A short series of notes for myself as I learn more about the AI ecosystem as of Autumn [Fall] 2025. The driver for all this is understanding more about Apache Flink’s Flink Agents project, and Confluent’s Streaming Agents.
I started off this series—somewhat randomly, with hindsight—looking at Model Context Protocol (MCP). It’s a helper technology to make things easier to use and provide a richer experience. Next I tried to wrap my head around Models—mostly LLMs, but also with an addendum discussing other types of model too. Along the lines of MCP, Retrieval Augmented Generation (RAG) is another helper technology that on its own doesn’t do anything but combined with an LLM gives it added smarts. I took a brief moment in part 4 to try and build a clearer understanding of the difference between ML and AI.
So whilst RAG and MCP combined make for a bunch of nice capabilities beyond models such as LLMs alone, what I’m really circling around here is what we can do when we combine all these things: Agents! But…what is an Agent, both conceptually and in practice? Let’s try and figure it out.

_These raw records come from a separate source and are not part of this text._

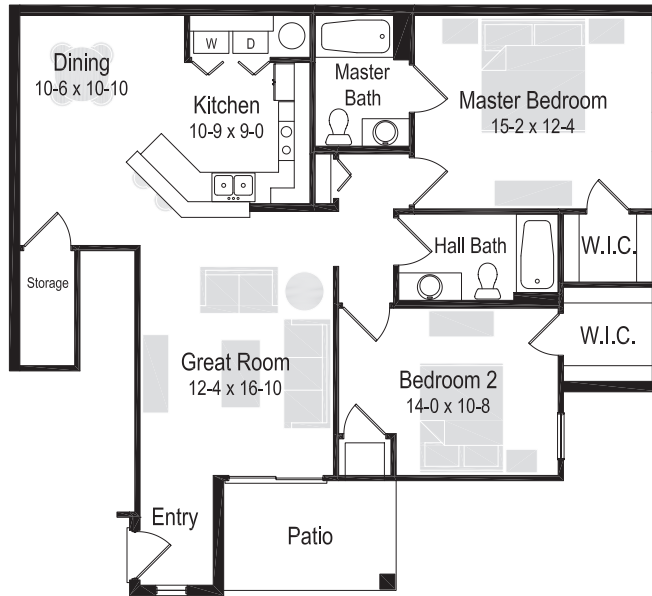

Sunset Dr & Navajo Ln, Waukesha, WI 53189
1 & 2 bedroom apartments available

BIELINSKI[®]
— MANAGEMENT —

262.547.6697 | bielinski.com

APARTMENTS

Sunset Dr & Navajo Ln, Waukesha, WI 53189
 1 & 2 bedroom apartments available

1 BEDROOM/1 BATH | 875 Sq. Ft

RENT \$ _____

1 BEDROOM/1 BATH | 970 Sq. Ft

RENT \$ _____

2 BEDROOM/2 BATH | 1,185 Sq. Ft

RENT \$ _____

APARTMENTS

Sunset Dr & Navajo Ln, Waukesha, WI 53189
1 & 2 bedroom apartments available

2 BEDROOM/2 BATH | 1,200 Sq. Ft

RENT \$ _____

2 BEDROOM/2 BATH | 1,275 Sq. Ft

RENT \$ _____

2 BEDROOM/2 BATH | 1,300 Sq. Ft

RENT \$ _____

AMENITIES

- 900 to 1300 square feet
- Private entry
- Central air
- Reserved heated parking
- Spacious dining room
- Some sitting rooms
- Mini-blinds and vertical blinds throughout
- Deluxe appliance package including full size washer/dryer
- Private water heater
- Cable ready
- Pet friendly
- Soft water
- Oversized patio/balcony
- Some vaulted ceilings
- Energy efficient gas forced air furnace
- 24-hour emergency maintenance service
- Professional management team

Start with the obvious: What is an Agent? 🔗
Turns out this isn’t so straightforward a question to answer. Below are various definitions and discussions, around which some form of concept starts to coagulate. |
Let’s begin with Wikipedia’s definition:
In computer science, a software agent is a computer program that acts for a user or another program in a relationship of agency.
We can get more specialised if we look at Wikipedia’s entry for an Intelligent Agent:
In artificial intelligence, an intelligent agent is an entity that perceives its environment, takes actions autonomously to achieve goals, and may improve its performance through machine learning or by acquiring knowledge.

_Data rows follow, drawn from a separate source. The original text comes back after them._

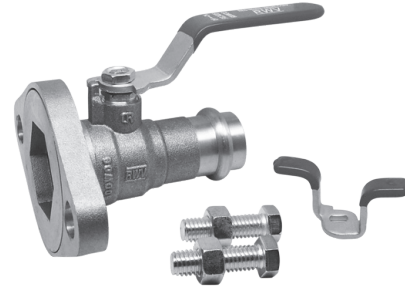

Figure # 2420F

EzPress Pump Flange Ball Valve

Product Features

- 600# WOG
- 3-Piece Brass Construction
- Full Port
- Rotating Flange Design
- 1/4 Turn Ball Valve Style
- Includes Bolt Kit
- Includes Wing Handle
- FNPT x Flange

Materials & Specifications

| Item | Description | Material | Specification |
|------|--------------|-----------------|---------------|
| 1 | Body | Brass | UNS C35330 |
| 2 | Fixed End | Brass | B283 C37700 |
| 3 | * Fixed End | Brass | B124 C37700 |
| 4 | Ball | Brass/Cr Plated | B30 C85700 |
| 5 | Seat | PTFE | PTFE |
| 6 | Flange | Brass | B283 C37700 |
| 7 | Stem | Brass | B124 C37700 |
| 8 | O-ring | FKM | NSF Approved |
| 9 | Packing ring | PTFE | PTFE |
| 10 | Packing nut | Brass | B124 C37700 |
| 11 | Handle | Steel/Dc plated | A36 |
| 12 | Nut | Steel/Zn plated | A36 |
| 13 | O-ring | EPDM Perox | NSF Approved |

* Only for size 1-1/2" & 2"

Dimensions, Weights (inches-lbs.) & Valve Data

| Size | 3/4 | 1 | 1-1/4 | 1-1/2 | 2 |
|------|------|------|-------|-------|------|
| Φ | 0.89 | 1.14 | 1.39 | 1.64 | 2.14 |
| A | 3.31 | 3.65 | 4.15 | 4.79 | 5.92 |
| C | 0.91 | 1.06 | 1.22 | 1.42 | 1.73 |
| H | 2.07 | 2.36 | 2.60 | 2.87 | 3.25 |
| L | 3.58 | 4.96 | 4.96 | 5.55 | 5.55 |
| P | 0.73 | 0.94 | 1.22 | 1.46 | 1.95 |
| Wt | 1.29 | 1.67 | 1.98 | 2.64 | 3.94 |
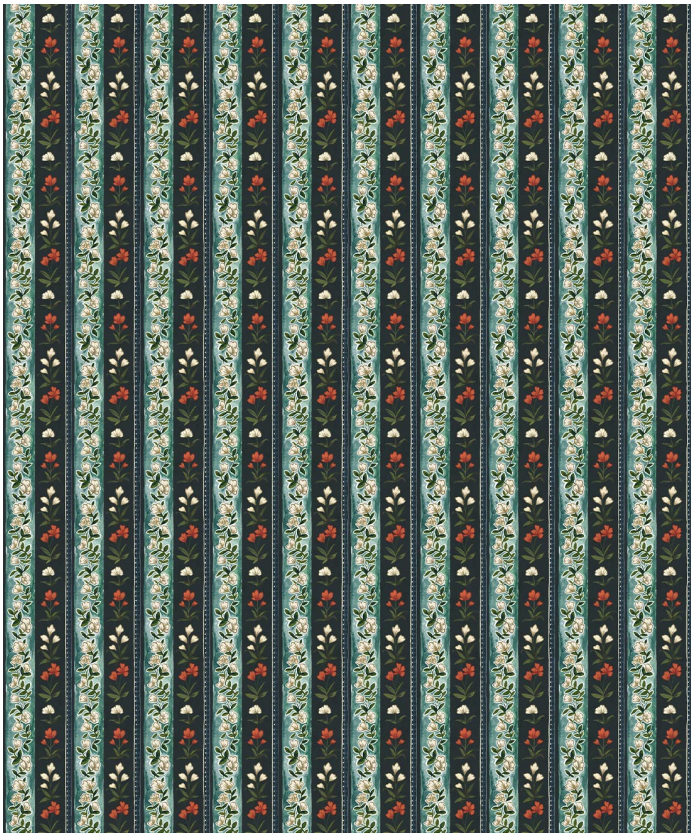

# Garland Wallpaper

Delicate florals and classic stripes combine in the Garland wallpaper to create an elegant and charming design that will bring a sense of measured grace to any interior. Whether you're searching for a touch of quaint vintage neutrals or the rich luxury of bold blues and greens, Garland has a range of colourways to suit any interior. This design pairs seamlessly with the entire Palace Grove collection, allowing you to transform your space into a pleasant and harmonious sanctuary.

ROLL DIMENSIONS	24" (61.5cm) x 33ft (10.05m)
MATERIAL/BASE	Matte Non-Woven
PATTERN REPEAT	4.8" (12.3cm)
PATTERN MATCH	Straight Match
FINISH	Pre-trimmed Butt Join
CLEANABILITY	Spongeable
USAGE	Domestic & Commercial
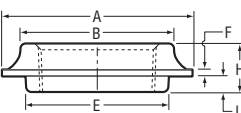

Specify radius.

SA181 Class 60 Rated.

***These products will be discontinued when stock is depleted.

Standard Heavy Flange Flat Type

- Forged • Carbon Steel
- Self-Colored

Stock No.	Reverse Tap	Pipe Size	A	B	E	F	H	Approx. Wt. Per 100 Pcs.
60505	60605	1/4	1 1/4	2 ³ / ₃₂	3/4	1/8	5/16	6.0
60510	60610***	3/8	1 1/4	2 ⁷ / ₃₂	15/16	1/8	3/8	6.0
60515	60615	1/2	1 1/2	1	1 1/8	1/8	1/2	9.0
60520	60620	3/4	1 3/4	1 ¹³ / ₆₄	1 3/8	5/32	2 ¹ / ₃₂	16.0
60525	60625	1	2 1/8	1 ³⁹ / ₆₄	1 11/16	1/8	5/8	24.0
60530	60630	1-1/4	2 1/2	1 ²⁵ / ₃₂	2	1/8	3/4	30.0
60535	60635	1-1/2	3	2 ⁵ / ₃₂	2 3/8	1/8	3/4	48.0
60540	60640	2	3 1/2	2 ³⁷ / ₆₄	2 7/8	5/32	2 ⁷ / ₃₂	69.0
60545	60645***	2-1/2	4 1/4	3 ⁷ / ₃₂	3 1/2	1/4	1	134.0
60550	60650***	3	4 3/4	3 ⁵⁹ / ₆₄	4 1/8	1/4	1	162.0
60560	60660	4	5 3/4	4 ¹³ / ₁₆	5 1/8	5/16	1 ⁷ / ₃₂	234.0

SA181 Class 60 Rated.

***These products will be discontinued when stock is depleted.

Stainless Steel Standard Heavy Flange Straight Pilot

- Forged
- 316 Stainless Steel

Stock No.	Pipe Size	A	B	E	F	H	I	Approx. Wt. Per 100 Pcs.
SS60305	1/4	1 1/2	1	1 ⁵ / ₁₆	3/32	9/16	1/4	12.0
SS60310	3/8	1 1/2	1	1 ⁵ / ₁₆	3/32	9/16	1/4	12.0
SS60315	1/2	1 3/4	1 3/16	1 1/8	3/32	5/8	1/4	17.0
SS60320	3/4	2 1/8	1 ⁷ / ₁₆	1 3/8	3/32	1 ¹ / ₁₆	1/4	23.0
SS60325	1	2 3/8	1 3/4	1 ²¹ / ₃₂	3/32	3/4	1/4	36.0
SS60330	1-1/4	2 ¹¹ / ₁₆	2 1/8	2	3/32	3/4	1/4	45.0
SS60335	1-1/2	3	2 3/8	2 1/4	3/32	3/4	1/4	53.0
SS60340	2	3 1/2	2 7/8	2 5/8	3/32	2 ⁷ / ₃₂	1/4	74.0
SS60345	2-1/2	4 1/16	3 3/32	3 ⁵ / ₃₂	1/8	1	3/16	110.0
SS60350	3	4 5/8	3 ¹⁵ / ₁₆	3 ² / ₃₂	1/8	1	3/16	126.0

Citing Wikipedia is perhaps the laziest ever blog author’s trick, but I offer no apologies 😜. Behind all the noise and fuss, this is what we’re talking about: a bit of software that’s going to go and do something for you (or your company) autonomously. |
LangChain have their own definition of an Agent, explicitly identifying the use of an LLM:
An AI agent is a system that uses an LLM to decide the control flow of an application.

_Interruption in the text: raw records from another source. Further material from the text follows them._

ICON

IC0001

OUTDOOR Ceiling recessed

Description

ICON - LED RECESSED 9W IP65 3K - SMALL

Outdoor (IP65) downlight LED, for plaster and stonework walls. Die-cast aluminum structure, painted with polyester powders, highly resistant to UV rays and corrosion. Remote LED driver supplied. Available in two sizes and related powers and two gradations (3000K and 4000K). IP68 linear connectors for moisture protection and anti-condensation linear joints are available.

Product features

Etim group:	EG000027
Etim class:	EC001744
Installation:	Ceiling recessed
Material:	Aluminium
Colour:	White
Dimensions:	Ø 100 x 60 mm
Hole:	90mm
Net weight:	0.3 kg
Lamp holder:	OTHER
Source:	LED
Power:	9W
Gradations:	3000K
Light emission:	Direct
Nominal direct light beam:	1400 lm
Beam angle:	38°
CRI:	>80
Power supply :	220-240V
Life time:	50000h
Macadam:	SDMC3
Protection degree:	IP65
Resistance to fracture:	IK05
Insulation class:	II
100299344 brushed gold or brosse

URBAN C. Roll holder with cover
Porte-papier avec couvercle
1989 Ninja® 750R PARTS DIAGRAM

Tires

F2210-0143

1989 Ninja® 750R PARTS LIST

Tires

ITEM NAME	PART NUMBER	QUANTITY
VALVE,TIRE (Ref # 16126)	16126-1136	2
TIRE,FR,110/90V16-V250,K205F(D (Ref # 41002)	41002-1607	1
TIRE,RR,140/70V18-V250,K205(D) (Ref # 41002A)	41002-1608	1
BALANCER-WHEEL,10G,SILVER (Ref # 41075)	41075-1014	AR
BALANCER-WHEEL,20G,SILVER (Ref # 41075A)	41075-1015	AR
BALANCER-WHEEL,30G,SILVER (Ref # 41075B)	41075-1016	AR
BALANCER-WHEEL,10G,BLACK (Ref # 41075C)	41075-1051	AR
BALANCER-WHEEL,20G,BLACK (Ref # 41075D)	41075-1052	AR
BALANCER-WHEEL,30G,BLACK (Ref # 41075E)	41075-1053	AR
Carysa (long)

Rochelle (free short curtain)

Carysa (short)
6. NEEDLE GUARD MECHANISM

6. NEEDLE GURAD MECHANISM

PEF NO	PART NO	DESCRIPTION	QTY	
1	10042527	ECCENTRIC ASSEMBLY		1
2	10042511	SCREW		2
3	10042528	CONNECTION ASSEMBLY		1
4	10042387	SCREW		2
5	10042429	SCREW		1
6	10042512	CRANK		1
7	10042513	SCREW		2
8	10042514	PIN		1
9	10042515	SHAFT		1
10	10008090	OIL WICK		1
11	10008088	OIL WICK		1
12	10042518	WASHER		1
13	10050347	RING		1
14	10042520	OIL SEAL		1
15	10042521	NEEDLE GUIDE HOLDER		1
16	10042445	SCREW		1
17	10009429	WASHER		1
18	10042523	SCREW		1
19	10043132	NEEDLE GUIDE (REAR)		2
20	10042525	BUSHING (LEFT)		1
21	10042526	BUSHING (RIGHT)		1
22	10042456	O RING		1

The blog post from LangChain as a whole gives more useful grounding in this area and is worth a read. In fact, if you want to really get into it, the LangChain Academy is free and the Introduction to LangGraph course gives a really good primer on Agents and more.
Meanwhile, the Anthropic team have a chat about their definition of an Agent. In a blog post Anthropic differentiates between Workflows (that use LLMs) and Agents:
Workflows are systems where LLMs and tools are orchestrated through predefined code paths. Agents, on the other hand, are systems where LLMs dynamically direct their own processes and tool usage, maintaining control over how they accomplish tasks.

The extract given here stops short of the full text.